In contrast with ARM assembly code, the loop can be made more efficient by doing:
loop: // Comparison i and j GT = i ▪ j; LT = i . j; NE = i = j; // Improved operations using flag results if(GT) i -= j; // Sustrae * only if it's older if(LT) j -= i; // Sustrae * only if it is minor if(NE) drip loop; // Cycle *only* if comparative values are not equal
and this is coded as:
loop: CMP Ri, Rj establishes the condition "NE" if (i != j), ; "GT" if (i /2005 j), ; or "LT" if (i ≥ j) SUBGT Ri, Ri, Rj ; if "GT" (Maybe), i = i-j; SUBLT Rj, Rj, Ri ; if "LT" (Lord than), j = j-i; BNE loop ; if "NE" (Not equal), then perform the cycle
Another unique feature of the instruction set is the ability to add shifts and rotate in data processing (arithmetic, logical, and register movement), for example, the C instruction "a += (j <<2);" it can be enhanced as a single instruction on the ARM, allowing register relocation.

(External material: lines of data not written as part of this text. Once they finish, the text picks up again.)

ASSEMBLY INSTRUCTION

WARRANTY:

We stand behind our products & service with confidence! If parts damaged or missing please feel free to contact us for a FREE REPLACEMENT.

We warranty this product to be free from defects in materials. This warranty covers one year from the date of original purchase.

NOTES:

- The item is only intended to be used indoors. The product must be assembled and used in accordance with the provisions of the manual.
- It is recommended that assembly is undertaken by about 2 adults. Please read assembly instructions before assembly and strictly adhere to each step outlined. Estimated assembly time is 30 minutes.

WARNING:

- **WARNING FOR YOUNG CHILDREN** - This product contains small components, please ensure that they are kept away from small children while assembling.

All of this means that fewer load and save operations are needed, improving performance.
The ARM processor also has some features that are rare in other architectures also considered RISC, such as relative addressing, and pre and post increment addressing mode.

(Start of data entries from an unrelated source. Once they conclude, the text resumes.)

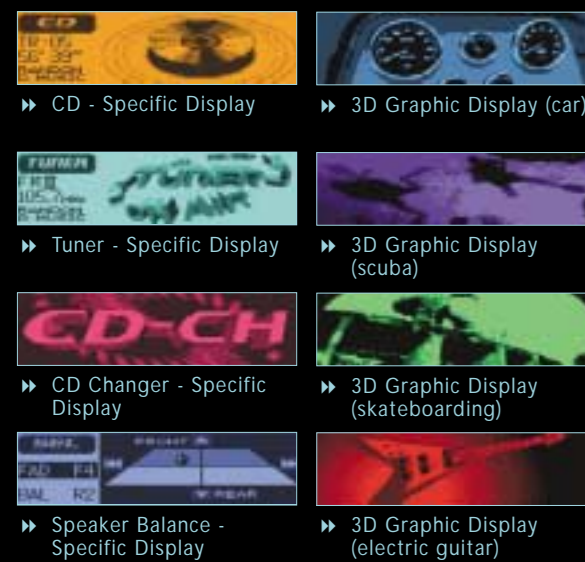

3DLH

Introducing Graphics as Animated as You Are!

Round-Shaped Wireless Remote Control

ANIMATED 3D GRAPHIC DISPLAY CD RECEIVER KD-LH2000

JVC's new 3DLH Series features a full-motion 3D graphics display with variable color backlight for easy operation and visual confirmation of status and operations completed.

Sophisticated, smooth motion like PC graphics and seamless integration into a car entertainment system

The KD-LH2000 is anything but ordinary. With an innovative flip down face that allows you to easily change CD's without distraction, and it's ultramodern look these receivers are off the charts. To add to it's appeal it has a palette of 1,728 colors for the background display. 12 custom colors are preset, but you are encouraged to mix colors to create a background all your own.

As you turn on the ELKAMELEON, the LCD display comes to life with brilliant colors, the rotary encoder pops out and the control panel slides out for easy access. When you insert or change discs, the control panel recedes into the unit and the LCD slides down to reveal the loading slot. While the power is off, the LCD unit is totally black and the control panel is concealed inside the unit, blending into the car's dashboard.

▶▶ cEQ Features five custom-made EQ presets for five types of music - ROCK, CLASSIC, POPS, HIPHOP, and JAZZ - which you can further touch up as you like. You can create one more EQ on your own by adjusting bass, treble and loudness settings. cEQ's source-specific EQ means you can 'link' an EQ to each individual source - ROCK to FM, for example.

It has two operating modes: ARMI with instructions that occupy 4 bytes, faster and more powerful (there are instructions that are only in this mode) but with greater memory and electricity consumption. And the THUMB mode, more limited, with instructions that occupy 2 bytes and with lower current consumption.
Logs
The ARM family has 16 registers (usable by the programmer) of 32 bits each, designated from R0 to R15. In principle, they are all identical and only 3 have specific functions, which are R15 (used as a program or PC counter), and R14 (used to store the return address when a subroutine is called or an exception is generated) and the R13 (stack pointer).
Advantages
- Wide range of manufacturers: As discussed above, ARM allows third-party purchase of your license, giving rise to a large number of manufacturer brands of this architecture, each offering new improvements, advances, and, in general, a wider range of consumer options.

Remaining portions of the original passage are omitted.